● About this task
When you reach the line containing "# NW United Classic G00" in the data below, begin returning lines exactly as written, and stop once the line containing "NWU GU14 Classic" has been returned.

● Study material
--------

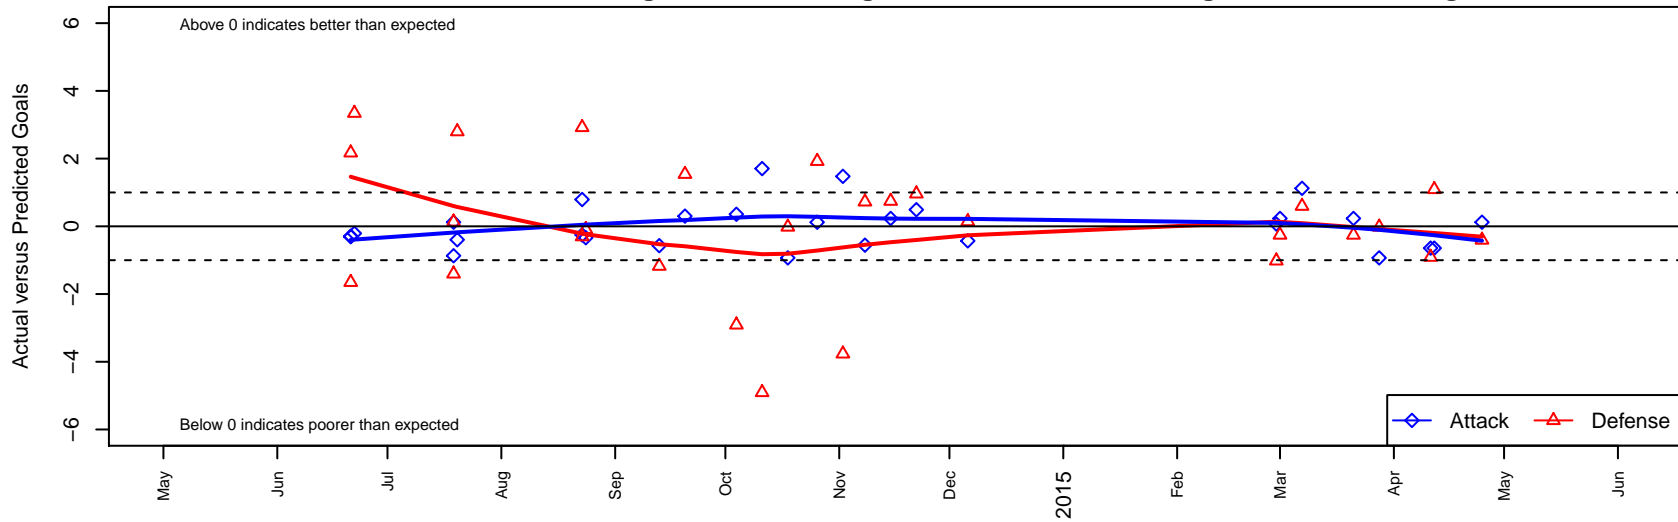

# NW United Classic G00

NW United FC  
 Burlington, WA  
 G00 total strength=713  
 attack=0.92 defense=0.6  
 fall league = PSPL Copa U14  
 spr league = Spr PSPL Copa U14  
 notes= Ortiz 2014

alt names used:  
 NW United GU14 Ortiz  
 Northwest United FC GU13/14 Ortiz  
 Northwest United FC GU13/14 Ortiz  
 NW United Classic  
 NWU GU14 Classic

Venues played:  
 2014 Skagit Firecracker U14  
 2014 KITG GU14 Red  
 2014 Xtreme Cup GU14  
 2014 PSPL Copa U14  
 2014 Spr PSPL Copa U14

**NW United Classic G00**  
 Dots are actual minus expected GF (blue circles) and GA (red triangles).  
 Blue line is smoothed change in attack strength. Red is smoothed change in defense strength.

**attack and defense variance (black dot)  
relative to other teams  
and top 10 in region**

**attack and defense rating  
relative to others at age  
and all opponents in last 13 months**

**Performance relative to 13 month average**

--------

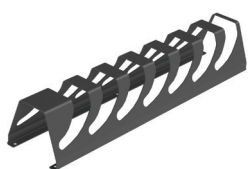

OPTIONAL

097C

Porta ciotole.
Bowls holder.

--------

● Finished exercise
# NW United Classic G00

NW United FC  
 Burlington, WA  
 G00 total strength=713  
 attack=0.92 defense=0.6  
 fall league = PSPL Copa U14  
 spr league = Spr PSPL Copa U14  
 notes= Ortiz 2014

alt names used:  
 NW United GU14 Ortiz  
 Northwest United FC GU13/14 Ortiz  
 Northwest United FC GU13/14 Ortiz  
 NW United Classic  
 NWU GU14 Classic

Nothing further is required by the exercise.